Литмир - Электронная Библиотека
Содержание  
A
A

— Вась! — позвал я его шепотом. Он был неподвижен. «Может, спит? — мелькнуло у меня. — Бывает же, люди спят с открытыми глазами».

— Вась! — окликнул я его снова, погромче, но он снова не услышал.

— Василей! — сказал кто–то громко из глубины комнаты. — Готово?

— Готово, — ответил Васька глухим голосом и, видно очнувшись, увидел меня.

— Хухры–мухры! — пробормотал он удивленно, открыл рот, потом вскочил, с грохотом откинув стул — отточенный карандаш выпал у него из–за уха — и вылетел как пробка прямо в окно.

— Васька! — крикнул кто–то из глубины комнаты. — Васька! Обалдуй! — Но Васька ничего не слышал. Он изо всех сил жал мою руку.

— Ты чо? — басил Васька на всю улицу. — С луны свалился?

— С луны, с луны! — сказала подошедшая к нам тетя Нюра. — А ты отколь думал? — Она засмеялась и крикнула в окно: — Макарыч, примай выручку.

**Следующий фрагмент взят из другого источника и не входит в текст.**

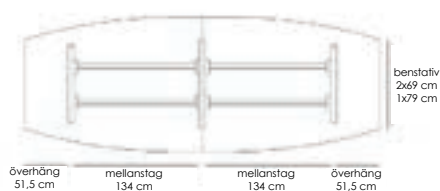

Komplett 320x120/80 Vit laminat / svart abs-kantlist / krom 53508 19940

Komplett 320x120/80 Vit laminat / svart abs-kantlist / lack (Lack ovan: vit, svart, silver) 53509 19940

Komplett 320x120/80 Björklaminat / björk abs-kantlist / krom 53510 21110

Komplett 320x120/80 Björklaminat / björk abs-kantlist / lack (Lack ovan: vit, svart, silver) 53511 21110

Из распахнутого окна высунулась лысая голова с курносым носом, похожим скорее не на нос, а на закорючку. На носу, на самом краешке, сидели очки.

— Явилася! — занудным голосом сказал лысатик. — Не запылилася! Ох, Нюрка, Нюрка, как это доперла–то ты по городу с деньгами таскаться? А ежели обчистят? За жизнь не рассчитаисся!

Тетя Нюра махнула на лысатика своими стоптанными туфлями, которые держала в руке, и ответила:

— Ты, Макарыч, не скрипи–ка, а по такому случаю отпусти Ваську с конторы. Вон к ему друг с городу приехал.

Макарыч пронзительно оглядел меня с ног до головы и спросил тетю Нюру недоверчиво:

— А сколь выручила? — будто от этого зависело, отпустит он Ваську или нет.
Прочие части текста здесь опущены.